=== EXERCISE MATERIAL ===
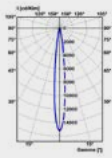

15°

Option	Color T°	CRI	Power	Lumen Output
927	2700K	90	8W	288lm
930	3000K	90	8W	235lm
940	4000K	90	8W	243lm
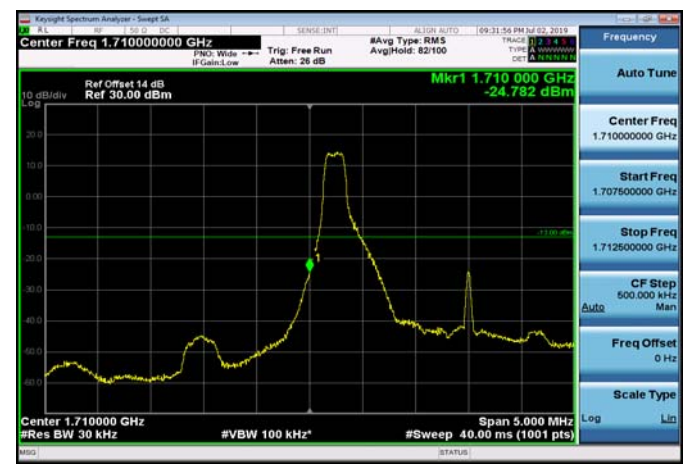

LowRange_FDD66_3MHz_1711.5_fullIRB
_Low_Q16

LowRange_FDD66_3MHz_1711.5_OneRB
_low_Q16
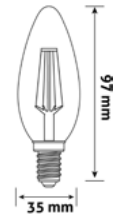

LED FILAMENT CANDLE HIGH LUMEN

6.5W | E14 | 220-240V | 15 000h | CRI80 | 100/c

ABLFC14NW-HL-6.5W	5999097946443	806lm	360°	
ABLFC14WW-HL-6.5W	5999097951720	806lm	360°	

LED FILAMENT CANDLE DIMMABLE

5.9W | E14 | 220-240V | 15 000h | CRI80 | 100/c
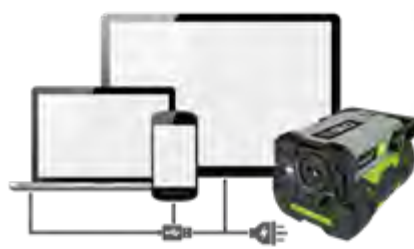

**POWER
TO CHARGE
40 PHONES**

Recommend for use with the EGO 56V 7.5 Ah ARC Lithium battery

**POWER
TO CHARGE
11 LAPTOPS**

Recommend for use with the EGO 56V 7.5 Ah ARC Lithium battery

**POWERS
42" TV
FOR 8 HOURS**

Recommend for use with the EGO 56V 7.5 Ah ARC Lithium battery
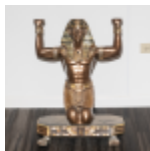

1499 Kneeling Pharaoh

This striking composite resin statue captures a k Egyptian pharaoh in a ceremonial pose, rendere faux-bronze finish and accented by traditional g "nemes" headcloth striping. The base features or Egyptian iconography including a winged scara and hieroglyphic-style relief. It appears to be a contemporary
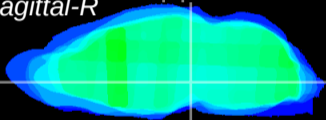

Coronal

ViBrism: CX35000
Horizontal

Sagittal-R

Sagittal-L

VTA
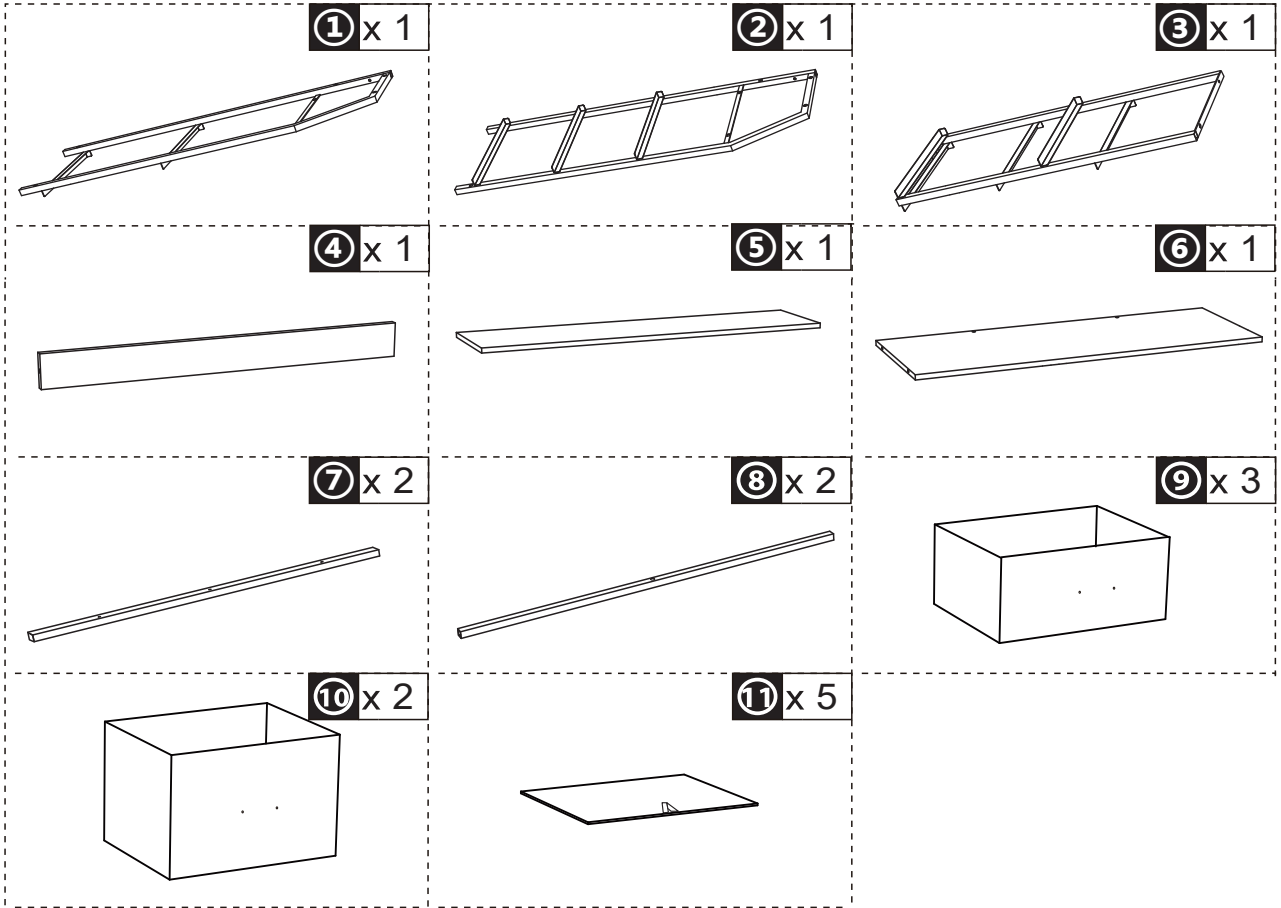

PARTS

HARDWARE

J x 2

M6*10mm

D x 2

M6*25mm

A x 2

M5.5*50mm
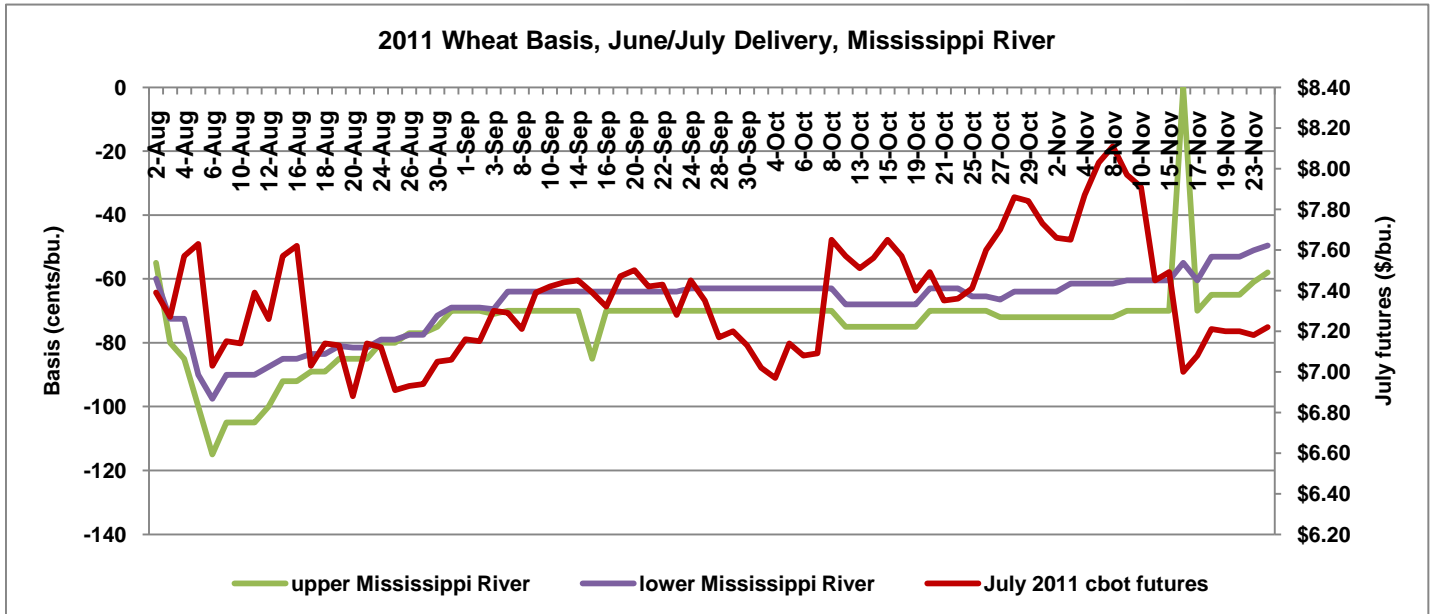

Wheat: New Crop Basis

For June/July 2011 Delivery

University of Arkansas, United States Department of Agriculture and County Governments Cooperating.
The Arkansas Cooperative Extension Service offers its programs to all eligible persons regardless of race, color, national origin, religion, gender, age, disability, marital or veteran status, or any other legally protected status, and is an Affirmative Action/Equal Opportunity Employer.
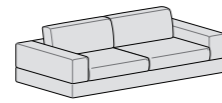

Feet: supplied as standard in aluminium.

Covers:

- fully removable in fabric version
- partially removable in imitation leather/leather version

URBAN

Divano 2 posti maxi
L 180 P 100 H 78

Divano 3 posti
L 200 P 100 H 78

Divano 3 posti maxi
L 220 P 100 H 78

Componibile panchetta reversibile
L 264 P 162 H 78

Componibile penisola reversibile midi
L 264 P 188 H 78

Componibile penisola reversibile maxi
L 264 P 208 H 78

Componibile chaise longue reversibile e 3 cuscini
L 264 P 188 H 78
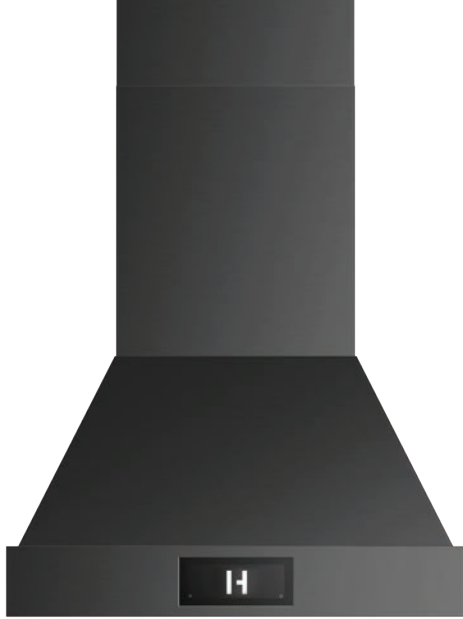

S-RH48-SS

Black Stainless Finish  
Range Hood Models

S-RH30-BS

S-RH36-BS

S-RH48-BS
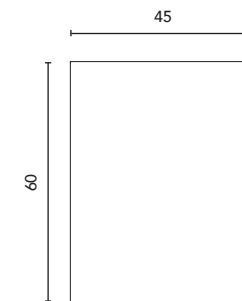

Enjoy · Caratteristiche tecniche · Technical features

ENJOY	Profondità 27,5 Depth 27,5						€
PACK 45	1 A. 1 D.			125142	125143	125140	257

Profondità Specchio: 2 cm.
Mirror depth: 2 cm.

Contenuto in scatola:
Mobile + Lavabo + Specchio

Pack detail:
Unit + Washbasin + Mirror

50 x 75 x 32,5 cm.
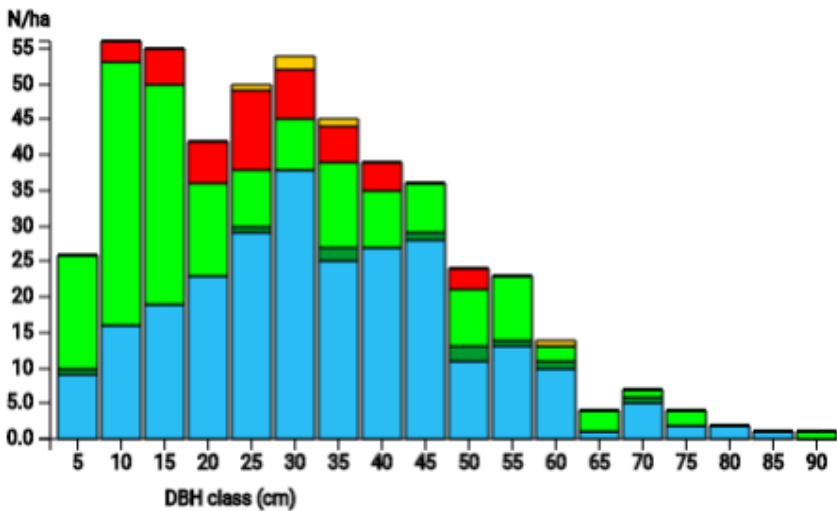

Technical information

RO

Name: **Solca_033_C1**

Forest type: **Mixed coniferous and beech forest**

State / Region	Owner	Establishment	Size
Romania / Solca, Suceava	Romanian State Forest	2022	1.0
Altitude [m.a.s.l.]	Mean annual precipitation [mm]	Mean annual temperature [°C]	Natural forest community
800	800	6.0	n.a.
Number of trees [N/ha]	Basal area [m ² /ha]	Volume [m ³ /ha]	Habitat value [points/ha]
483	51.8	842.4	5970

DBH distribution

Tree species distribution (% Volume)

Tree microhabitat distribution by code (Total: 482)

Marteloscope map (1.0 ha):

Contact:

Evulet Bogdan
RNP-Romsilva - Ocolul Silvic Solca
Suceava, Solca, Tomsa Voda, 8
România
evulet78@yahoo.com
===
:: WHAT YOU NEED TO DO ::
If a line in the entries above has the word "version", copy it.

:: YOUR SOLUTION ::
- fully removable in fabric version
- partially removable in imitation leather/leather version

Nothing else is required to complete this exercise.